> **About this exercise**
With pictures omitted, restate the data word for word.

> **Given records**
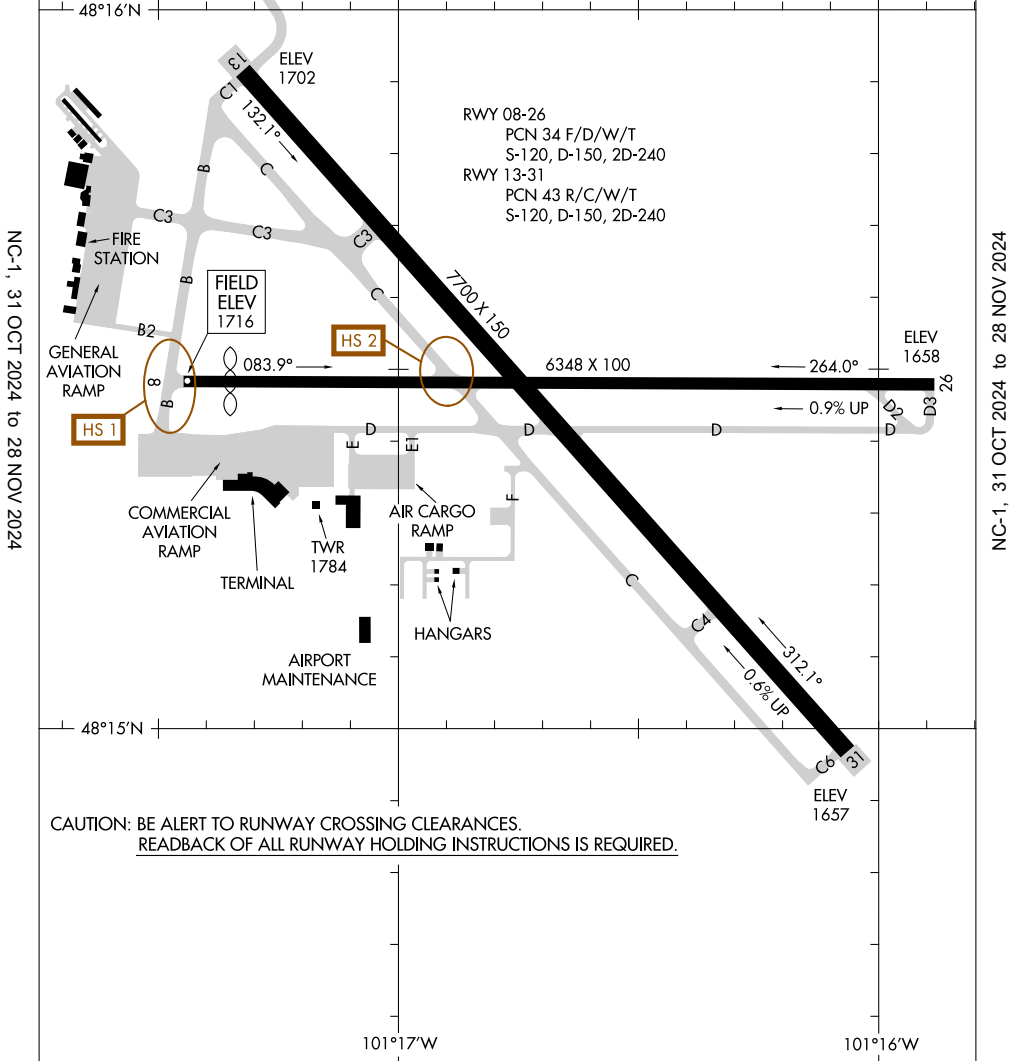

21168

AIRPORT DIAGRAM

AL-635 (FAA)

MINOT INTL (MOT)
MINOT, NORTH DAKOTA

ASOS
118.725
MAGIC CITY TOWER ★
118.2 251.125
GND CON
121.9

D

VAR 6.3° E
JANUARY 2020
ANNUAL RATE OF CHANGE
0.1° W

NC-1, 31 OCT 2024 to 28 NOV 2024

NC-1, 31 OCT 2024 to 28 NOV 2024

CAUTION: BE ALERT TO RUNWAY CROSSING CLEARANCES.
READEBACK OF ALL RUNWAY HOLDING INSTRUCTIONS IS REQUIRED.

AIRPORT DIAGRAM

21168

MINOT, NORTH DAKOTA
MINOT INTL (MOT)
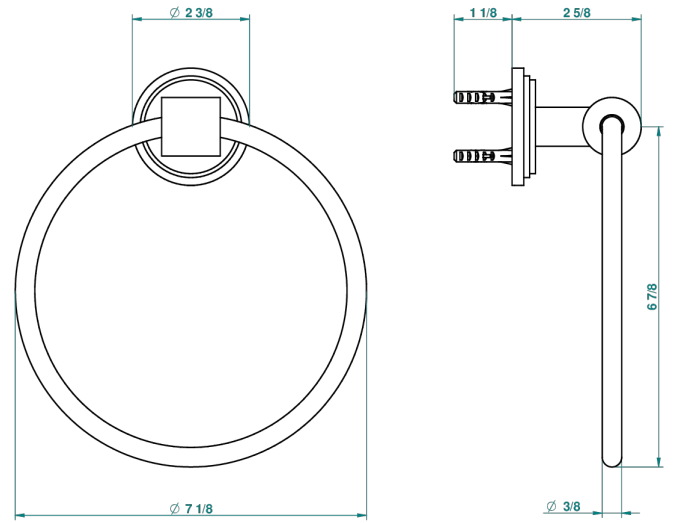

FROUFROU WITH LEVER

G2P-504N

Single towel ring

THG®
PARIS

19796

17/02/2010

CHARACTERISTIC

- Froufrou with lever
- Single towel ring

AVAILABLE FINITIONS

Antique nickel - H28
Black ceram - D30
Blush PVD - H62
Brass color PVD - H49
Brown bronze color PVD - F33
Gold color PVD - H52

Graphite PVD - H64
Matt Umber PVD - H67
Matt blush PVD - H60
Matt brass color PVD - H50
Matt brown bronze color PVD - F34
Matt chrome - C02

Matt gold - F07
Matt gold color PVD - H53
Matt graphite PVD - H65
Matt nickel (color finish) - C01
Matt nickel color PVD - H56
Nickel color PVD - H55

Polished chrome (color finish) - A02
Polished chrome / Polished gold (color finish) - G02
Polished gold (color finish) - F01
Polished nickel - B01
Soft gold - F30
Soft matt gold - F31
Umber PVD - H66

> **Your solution**
21168

AIRPORT DIAGRAM

AL-635 (FAA)

MINOT INTL (MOT)
MINOT, NORTH DAKOTA

ASOS
118.725
MAGIC CITY TOWER ★
118.2 251.125
GND CON
121.9

D

VAR 6.3° E
JANUARY 2020
ANNUAL RATE OF CHANGE
0.1° W

NC-1, 31 OCT 2024 to 28 NOV 2024

NC-1, 31 OCT 2024 to 28 NOV 2024

CAUTION: BE ALERT TO RUNWAY CROSSING CLEARANCES.
READEBACK OF ALL RUNWAY HOLDING INSTRUCTIONS IS REQUIRED.

AIRPORT DIAGRAM

21168

MINOT, NORTH DAKOTA
MINOT INTL (MOT)

FROUFROU WITH LEVER

G2P-504N

Single towel ring

THG®
PARIS

19796

17/02/2010

CHARACTERISTIC

- Froufrou with lever
- Single towel ring

AVAILABLE FINITIONS

Antique nickel - H28
Black ceram - D30
Blush PVD - H62
Brass color PVD - H49
Brown bronze color PVD - F33
Gold color PVD - H52

Graphite PVD - H64
Matt Umber PVD - H67
Matt blush PVD - H60
Matt brass color PVD - H50
Matt brown bronze color PVD - F34
Matt chrome - C02

Matt gold - F07
Matt gold color PVD - H53
Matt graphite PVD - H65
Matt nickel (color finish) - C01
Matt nickel color PVD - H56
Nickel color PVD - H55

Polished chrome (color finish) - A02
Polished chrome / Polished gold (color finish) - G02
Polished gold (color finish) - F01
Polished nickel - B01
Soft gold - F30
Soft matt gold - F31
Umber PVD - H66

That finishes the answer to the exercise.